Simon Nabatov Quintet

The Master and Margarita

(Leo CD LR 322/323)

Pianist Simon Nabatov hails from Moscow, spent the 1980s in New York, and now makes his home in Cologne. His previous disc for Leo, Nature Morte, was a setting of Joseph Brodsky’s poem which called on the vocal talents of Phil Minton; this new recording is a two-CD suite of music based upon Mikhail Bulgakov’s celebrated novel The Master and Margarita. Nabatov helpfully provides track-by-track plot summaries in the liner notes, but in any case the music stands perfectly convincingly on its own.

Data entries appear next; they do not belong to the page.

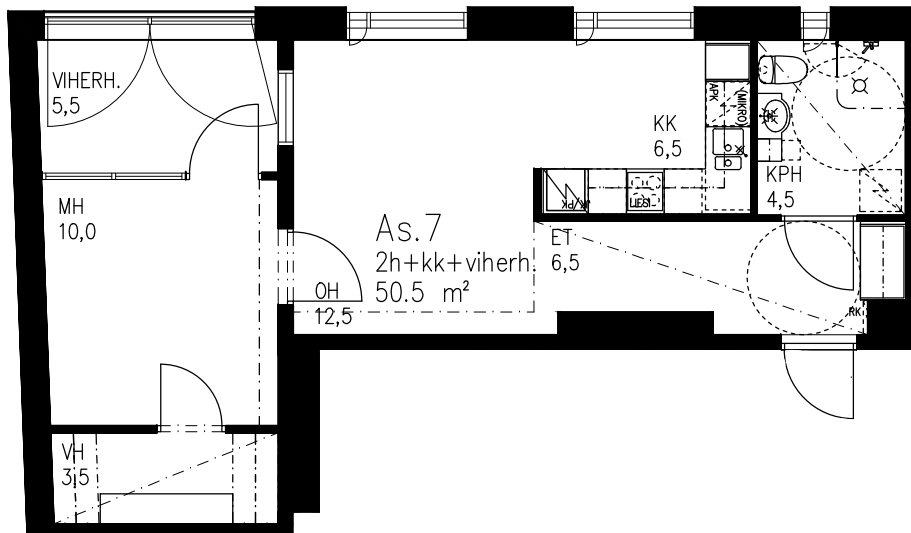

Vantaan Katariina

2 h + kk + viherh 50,5 m²

As.2, 1. kerros
As.7, 2. kerros
As.12, 3. kerros
As.17, 4. kerros
As.22, 5. kerros
As.27, 6. kerros
As.32, 7. kerros

Mittakaava 1 / 100

The album begins with a kind of prelude or prayer, stated by violin and trumpet (Mark Feldman and Herb Robertson) over Mark Helias’s bass drone. It functions rather like an otherworldly commentary before the main action begins with a plunge into the satirical fantasy-world of Bulgakov's novel. (The novel combines an account of Satan's visit to Stalinist Moscow, a subversive revision of the story of Pontius Pilate, and the story of the love between Margarita and the persecuted novelist only identified as “the Master.”) The album’s soundworld is a blend of grotesquerie, brittle irony and sometimes violence. Nabatov draws together mordant takeoffs on 19th-century salon music, with the violin tilting dizzily over faux-naive piano; eerie chromatic tinklings; sardonic free playing; and, throughout, some wonderfully swinging jazz. The closing section of “Don’t Talk to Strangers” finds the rhythm section locking into a bruisingly unstoppable groove (the corresponding scene has a character beheaded by a streetcar); while on “One of Four” Pontius Pilate is rendered with a sardonic blues stroll with Mingus’s fingerprints all over it. To my ears, the album noticeably centres itself near the end of disc one, when the Master himself first appears in the associated narrative. At this point the album’s predominantly satirical and fantastic tone begins to expand its reach, stretching out towards tragedy and beauty. Disc two is absolutely enthralling, from the opening “The Show,” where the band grab hold of the looselimbed 7/4 groove and don’t let go, to the final cathartic resolution in “Back Home,” where the romanticism hinted and grasped at throughout the album (as on the melancholy but strangely serene “The Last Days” – about Christ’s execution – or the lovely “Margarita”) is finally free to flower openly. It’s a profoundly moving conclusion. For my money, The Master and Margarita is one of the most fully satisfying jazz discs of 2001: miss it at your peril.